И когда взрыв расшатает нас, как молочные зубы, а свет погаснет на мгновение, Ладислав Деспот повернется ко мне своим светящимся от радости лицом (еще один деликатес Молоха, от которого у поэтов текут слюнки!) и с кошачьей головой, обрамленной окном, или обрезанной окном (если так понятнее), напоминая о том достопамятном времени, когда он только готовился, перебивался, ожидая, что его постигнет еще одна предсказуемая самоуправленческая, до ужаса тоскливая судьба; и скажет тоном, подразумевающим восхищение, указывая пальцем за спину, в направлении моего портативного «окна в мир», по краям которого увядают таинственные полиэтиленовые пакеты: Блеск, как в телевизоре!
Отбой, кричат где-то надзиратели, позвякивая ключами, а сирена минималистически подвывает.
Сказал же я, что ничего не будет, слышится в глубине голос начальника.
Ровно столько о нашем пророческом даре.
Удивительно, откашливается Ладислав после первой затяжки резким дымом вновь раскуренного окурка, щиплющего голосовые связки, не пойму, как можно думать на холоде?
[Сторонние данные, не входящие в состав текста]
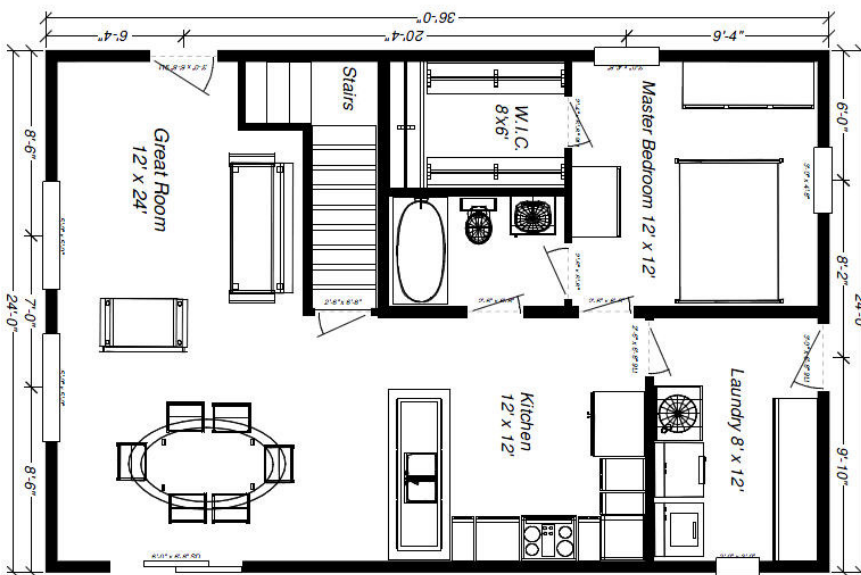

Cowboy Log Homes
 CowboyLogHomes.com

BRIDGER

Dimensions: 36' W x 24' D
Levels: 2
Square Footage: 1392
Bedrooms: 3
Baths: 2
 First Floor Laundry
 First Floor Master Suite
 Covered Front Porch
 (Available in either shed or gable dormers)

First Floor 864 Sq. Ft.

Second Floor 528 Sq. Ft.

Shed Dormer Option

Cowboy Log Homes ~ Mike & Sue Lemmon ~ Authorized Reps. ~ 406-388-3458 ~ 406-490-7220
CowboyLogHomes.com ~ LakeCountryLog.com ~ mike@cowboyloghomes.com

Откуда взялся на севере такой умник? — с деланным безразличием указывая мне на потрепанный переплет «Страха и трепета», который он держал под подушкой. Говорю переплет, потому что это была вовсе не книга, а муляж (наверное, он раздобыл его в какой-то беспечной государственной типографии), в него Деспот время от времени что-то записывал огрызком карандаша и толстыми пальцами.
Все на месте? — пересчитывали в коридоре своих овечек засыпающие на ходу надзиратели.
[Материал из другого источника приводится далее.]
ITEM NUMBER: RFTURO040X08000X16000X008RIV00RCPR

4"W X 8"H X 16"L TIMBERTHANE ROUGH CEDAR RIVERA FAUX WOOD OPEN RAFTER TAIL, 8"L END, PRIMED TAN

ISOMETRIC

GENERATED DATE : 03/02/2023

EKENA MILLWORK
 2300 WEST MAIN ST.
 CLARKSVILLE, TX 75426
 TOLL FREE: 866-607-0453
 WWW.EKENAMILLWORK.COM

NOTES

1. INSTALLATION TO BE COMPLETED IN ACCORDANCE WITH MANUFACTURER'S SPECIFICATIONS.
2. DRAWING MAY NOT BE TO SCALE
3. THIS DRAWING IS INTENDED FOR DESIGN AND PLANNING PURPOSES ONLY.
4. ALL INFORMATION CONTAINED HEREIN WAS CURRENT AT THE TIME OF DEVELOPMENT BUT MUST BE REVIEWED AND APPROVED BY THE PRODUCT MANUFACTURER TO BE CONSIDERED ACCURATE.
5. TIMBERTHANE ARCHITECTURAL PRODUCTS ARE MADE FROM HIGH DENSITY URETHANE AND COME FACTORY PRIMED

Философию Деспот естественным образом помещал в раскаленное Средиземноморье, а чем еще заняться представителю homo meditteraneus — Водолею, когда солнце печет и печет, — кроме как прогуливаться, смягчать горло прохладными напитками, блестеть от пота, когда есть возможность наблюдать восходы и закаты, и — философствовать.
И смотреть телевизор, хочу я добавить, указывая на наше окно, в котором как раз надувалось новое облако, словно подаю голос с соседней последней парты, из кроватки, усыпанной ледяными крошками мыслей.
Возможно, соглашался Деспот, сплевывая с обожженного окурком языка обгоревшие табачные крошки. Телевидение — прислуга за все, домработница, правая рука писателя.
Какая-то форма ингаляционного наркоза, помогал я придумывать определение, чувствуя, как от неуверенности учащается пульс. Человек уютно устраивается, позволяет, чтобы все вокруг него происходило само. И его почти не волнует, что снаружи льет дождь, валятся с неба топоры бога Перуна, «томагавки», или что солнце немилосердно палит в полдень.
Посмотри, что там о погоде, подал откуда-то голос Иоаким, который мог целую вечность гонять во рту глоток воды, прежде чем разжевать его и проглотить, сохраняя столько лет, по его собственному признанию, толстые гланды. Можете ли вы, дети мои, представить вообще человека, имя которого вызывает такую причудливую ассоциацию, тухлое яйцо во рту, приручение небольшого потопа? Я — не могу.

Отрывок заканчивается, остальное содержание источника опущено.